-- Records provided --
-- Opening Marker --

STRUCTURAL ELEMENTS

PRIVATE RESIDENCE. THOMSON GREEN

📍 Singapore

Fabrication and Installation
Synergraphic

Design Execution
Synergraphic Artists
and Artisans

-- Closing Marker --
-- Opening Marker --

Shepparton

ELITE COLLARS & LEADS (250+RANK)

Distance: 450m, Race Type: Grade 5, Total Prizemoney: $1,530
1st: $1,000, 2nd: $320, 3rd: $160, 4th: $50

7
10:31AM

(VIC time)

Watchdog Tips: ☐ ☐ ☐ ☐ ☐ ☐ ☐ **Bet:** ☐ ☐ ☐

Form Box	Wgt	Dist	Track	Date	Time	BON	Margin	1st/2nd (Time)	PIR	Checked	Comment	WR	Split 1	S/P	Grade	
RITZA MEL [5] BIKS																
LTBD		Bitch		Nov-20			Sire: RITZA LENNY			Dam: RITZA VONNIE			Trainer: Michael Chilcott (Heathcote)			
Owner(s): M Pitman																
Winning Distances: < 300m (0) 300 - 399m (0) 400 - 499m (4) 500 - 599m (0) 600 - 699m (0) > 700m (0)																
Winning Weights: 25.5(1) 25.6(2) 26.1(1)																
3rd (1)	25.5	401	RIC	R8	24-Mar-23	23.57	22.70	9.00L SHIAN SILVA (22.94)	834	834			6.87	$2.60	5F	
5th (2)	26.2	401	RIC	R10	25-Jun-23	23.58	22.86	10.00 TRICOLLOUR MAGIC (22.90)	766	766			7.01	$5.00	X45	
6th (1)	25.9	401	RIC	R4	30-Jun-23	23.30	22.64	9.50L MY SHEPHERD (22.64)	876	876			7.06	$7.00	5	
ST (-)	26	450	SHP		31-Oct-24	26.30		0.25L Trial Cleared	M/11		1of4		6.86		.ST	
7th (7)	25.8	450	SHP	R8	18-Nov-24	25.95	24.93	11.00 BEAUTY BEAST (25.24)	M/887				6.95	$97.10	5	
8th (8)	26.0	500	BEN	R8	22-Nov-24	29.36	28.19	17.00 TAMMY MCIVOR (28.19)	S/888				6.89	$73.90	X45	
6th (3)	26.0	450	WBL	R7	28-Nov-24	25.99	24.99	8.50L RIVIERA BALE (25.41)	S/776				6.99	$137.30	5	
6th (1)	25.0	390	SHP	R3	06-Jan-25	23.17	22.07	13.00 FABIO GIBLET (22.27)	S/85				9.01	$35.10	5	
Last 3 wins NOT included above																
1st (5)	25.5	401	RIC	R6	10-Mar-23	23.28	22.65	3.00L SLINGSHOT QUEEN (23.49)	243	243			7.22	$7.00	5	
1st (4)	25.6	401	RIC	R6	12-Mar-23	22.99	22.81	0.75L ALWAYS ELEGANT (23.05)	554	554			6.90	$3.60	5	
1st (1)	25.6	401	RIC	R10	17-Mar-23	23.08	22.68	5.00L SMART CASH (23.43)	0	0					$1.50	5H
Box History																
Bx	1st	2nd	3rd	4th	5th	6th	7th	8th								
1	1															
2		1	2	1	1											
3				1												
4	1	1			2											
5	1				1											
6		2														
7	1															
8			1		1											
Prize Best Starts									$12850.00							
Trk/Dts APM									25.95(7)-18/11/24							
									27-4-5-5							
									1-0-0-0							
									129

-- Closing Marker --
-- Opening Marker --

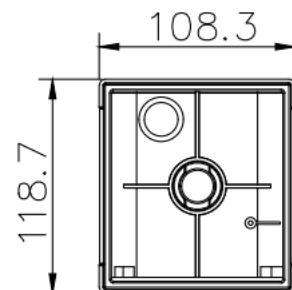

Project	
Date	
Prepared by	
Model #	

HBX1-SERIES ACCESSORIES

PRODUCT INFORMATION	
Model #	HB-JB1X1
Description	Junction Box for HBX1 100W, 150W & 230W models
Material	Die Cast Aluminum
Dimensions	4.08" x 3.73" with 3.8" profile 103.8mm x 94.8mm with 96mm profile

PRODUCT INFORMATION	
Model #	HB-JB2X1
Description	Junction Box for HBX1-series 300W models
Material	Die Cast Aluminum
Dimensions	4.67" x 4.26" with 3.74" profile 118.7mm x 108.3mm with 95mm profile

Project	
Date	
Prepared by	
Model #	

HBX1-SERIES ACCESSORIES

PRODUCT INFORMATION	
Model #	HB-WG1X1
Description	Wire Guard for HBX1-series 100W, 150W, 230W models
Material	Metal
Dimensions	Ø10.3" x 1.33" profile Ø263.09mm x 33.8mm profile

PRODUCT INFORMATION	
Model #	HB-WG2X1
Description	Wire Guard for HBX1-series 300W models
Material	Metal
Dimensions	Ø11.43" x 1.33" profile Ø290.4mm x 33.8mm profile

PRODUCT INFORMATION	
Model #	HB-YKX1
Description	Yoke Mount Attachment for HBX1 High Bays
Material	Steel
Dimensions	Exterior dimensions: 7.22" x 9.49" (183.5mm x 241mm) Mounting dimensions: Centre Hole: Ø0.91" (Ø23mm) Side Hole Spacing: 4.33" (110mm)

-- Closing Marker --

-- Assignment --
For each line in the entries that contains the string "Description", make a copy.

-- Exercise result --
Description	Junction Box for HBX1 100W, 150W & 230W models
Description	Junction Box for HBX1-series 300W models
Description	Wire Guard for HBX1-series 100W, 150W, 230W models
Description	Wire Guard for HBX1-series 300W models
Description	Yoke Mount Attachment for HBX1 High Bays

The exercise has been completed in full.